Scientific and Technical Approach
In EUREDIT the fundamental approach adopted involves identifying sound scientific and technical and user-oriented criteria to enable a meaningful comparison of current and new promising methods for data editing and imputation.
Representative data sets arising in household surveys, business surveys, censuses, panel surveys, time series and business registers will be selected, to be used throughout the lifetime of the project. The first step is to select representative data sets among those available from the end-users in the project, which provide a sufficiently broad coverage of the range of error-attributes. To perform this selection, the project will refine the basic classification of error-attributes shown below, which is based on those known to occur in real data sets.
Some important attributes known to affect the quality of edited and imputed data are:
Some possible instances of attribute
|Type of error||Inconsistencies, missingness and amount of missingness, "outlyingness" and amount of "outlyingness"|
Nature of error
Type of variable
nominal, ordinal and continuous variables
Degree of non-response
item non-response, unit non-response
Type of data set
social surveys, business surveys, censuses, panel data, administrative registers
Approximately four data sets covering the above factors in isolation or in combination will be selected, providing a mix of real data sets reflecting the heterogeneity of European sources as well as simulated ones with known types of errors. The finally selected data sets will be stored on a CD-ROM, for distribution across the project partners for evaluation of editing and imputation methods, and ultimately for wider dissemination (subject to confidentiality constraints).

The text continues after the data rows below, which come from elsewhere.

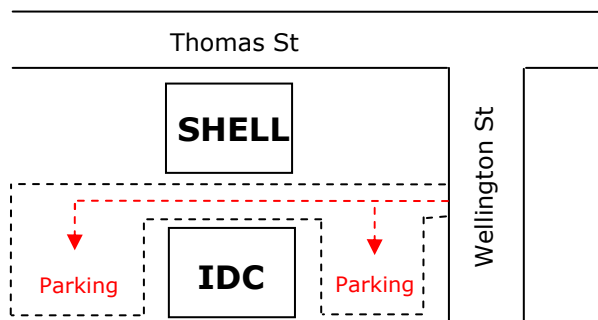

Technology Training that Works

IDC TECHNOLOGIES

ADDRESS: 1031 Wellington Street
West Perth WA 6005
Ph: 1300 138 522
Fax: 1300 138 533

MAP:

- IDC TECHNOLOGIES is located next to the Shell Service Station on the corner of Thomas & Wellington Street.

Travelling by Car you have three choices of parking

- 1) Limited free parking is available at the front and rear of the IDC building. Access is one way only, heading westwards on Wellington street.

- 2) Mayfair St – City of Perth Ticket Parking
- 3) Wellington Street – City of Perth Ticket Parking, in-between Lawrence & Colin St

- Travelling by Bus
Yellow CAT – Closest stop is Princess Margaret Hospital, then you just need to walk around the corner to Wellington Street Or Colin St stop is a 300m walk

- Red CAT – Closest stop is West Perth
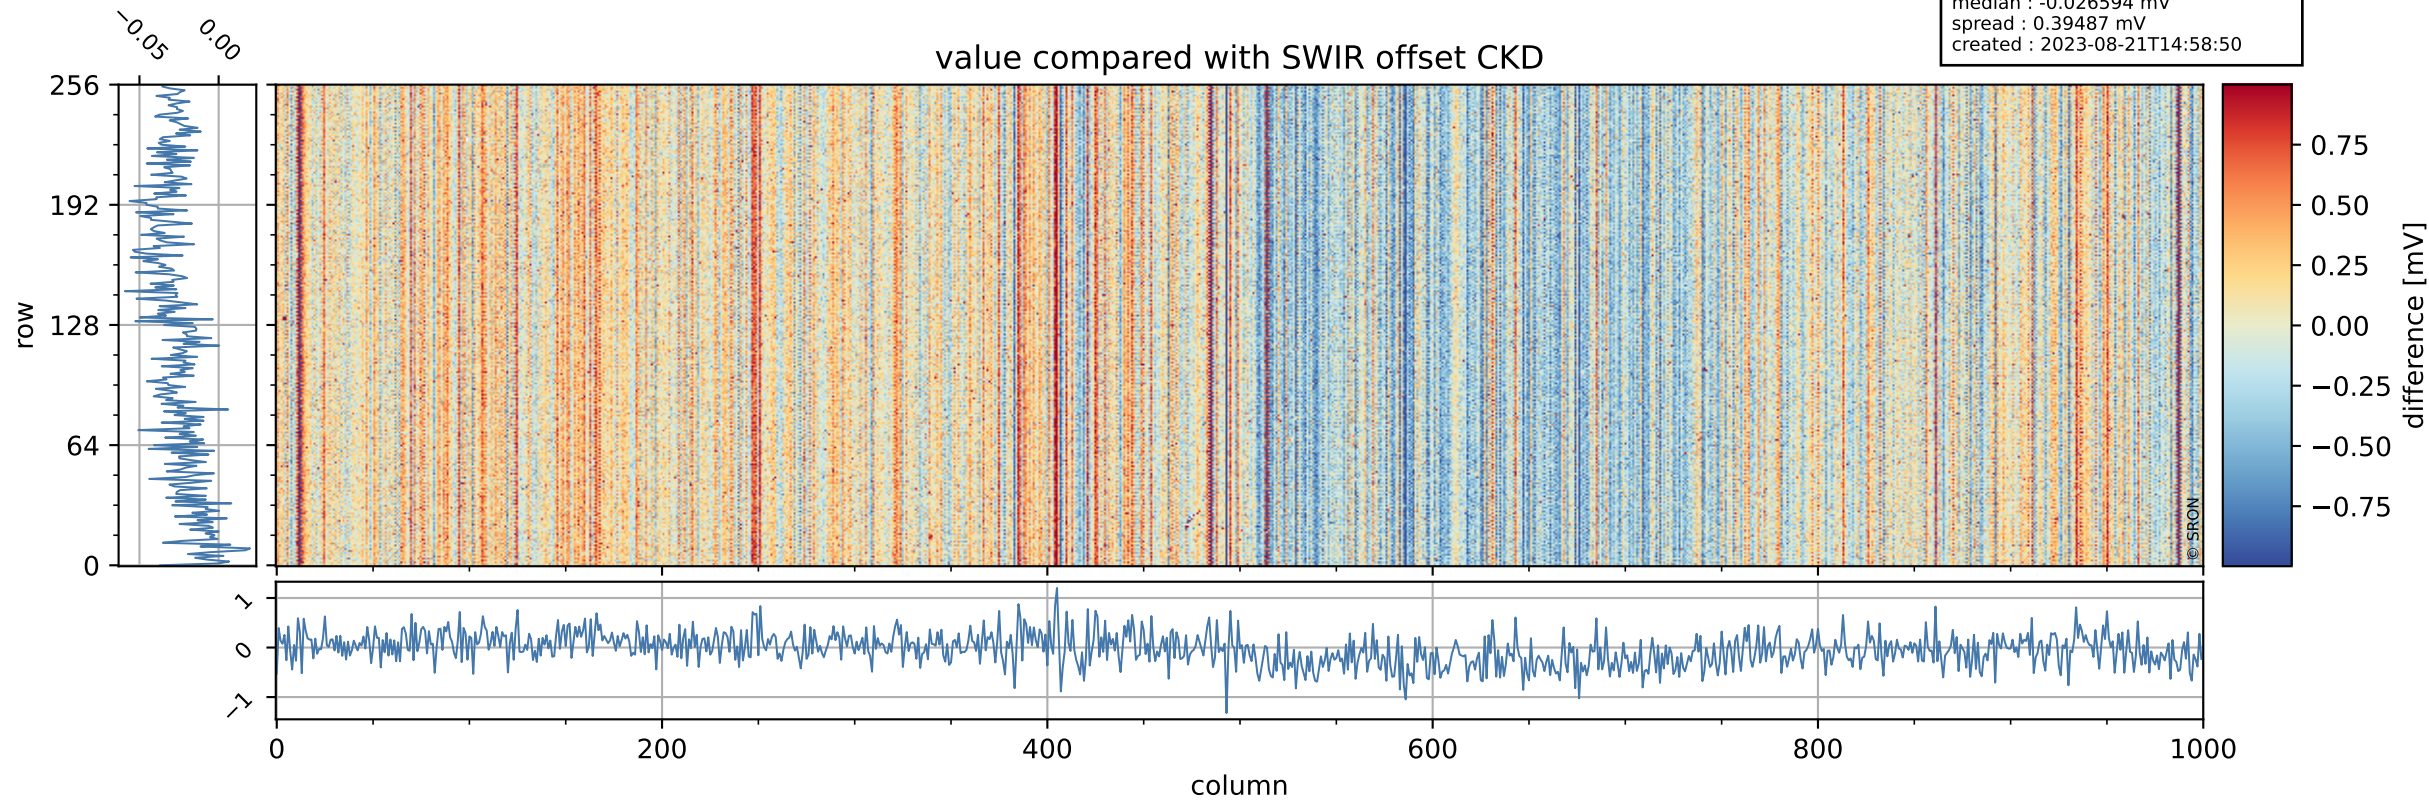

## value detector map

# Tropomi SWIR offset (official)

orbits : 19 in [18742, 18787]  
coverage : 2021-05-26 / 2021-05-29  
median : 29.229  $\mu\text{V}$   
spread : 14.618  $\mu\text{V}$   
created : 2023-08-21T14:58:50

# Tropomi SWIR offset (official)

orbits : 19 in [18742, 18787]  
coverage : 2021-05-26 / 2021-05-29  
median : -0.026594 mV  
spread : 0.39487 mV  
created : 2023-08-21T14:58:50

value compared with SWIR offset CKD

# Tropomi SWIR offset (official) ground-tracks of Sentinel-5P

orbits : 19 in [18742, 18787]  
coverage : 2021-05-26 / 2021-05-29  
created : 2023-08-21T14:58:51

It is vital to ensure the integrity and validity of experimental procedures used in evaluating the diverse range of methods proposed here, and this will by achieved through the development of a methodological framework early in the project. This framework will prescribe a set of common procedures to be followed in the evaluation of all methods in the EUREDIT project. The framework will provide guidelines for both training in the case of adaptive methods such as neural networks, as well as criteria for evaluating the actual performance of such a system. The quality of an editing and imputation method can be measured in terms of: (a) extent of real errors identified; (b) extent of incorrect values imputed; (c) number of changes to the data; (d) preservation of the structure of the data in terms of marginal and joint distributions as well as aggregate characteristics; (e) plausibility of imputed values; (f) sensitivity to assumptions about the nature of the underlying data; and (g) operational efficiency.
The first criterion (a) relates to editing and reflects the fact that an ideal error localisation procedure ought to identify the presence of all errors. The second criterion (b) relates to imputation and reflects the fact that an ideal imputation procedure ought to recover the correct values exactly, though in practice this is extremely rare. Criterion (c) refers to the desirability that the combined edit and imputation procedures lead to a minimum number of changes in the data for given levels of the other criteria. Criterion (d) represents what might be considered a minimal "statistical" requirement, in that the distributions of the correct and imputed data are the same, or at least not significantly different. Note that the distributions in (d) can be interpreted in a very wide sense. For time-series data this may well be the conditional distribution of a missing value at a point in time, given all past realisations of that value. For cross-sectional data these distributions may be the individual marginal distribution of each missing variable, right through to the joint distribution of all the missing variables. A particular feature of joint distributions is that some combinations of values of variables may be impossible or at least implausible. Criterion (e) refers to the desirability that imputation does not lead to implausible imputed values. All edit and imputation methods rely either explicitly or implicitly on assumptions about how the observed data relates to the underlying ‘correct’ data. Criterion (f) refers to the desirability that methods are robust to departures from the assumptions upon which they are based. Finally, methods may be compared according to operational criteria, such as their costs, either computational costs or the savings achieved through automatic rather than clerical procedures. This is criterion (g).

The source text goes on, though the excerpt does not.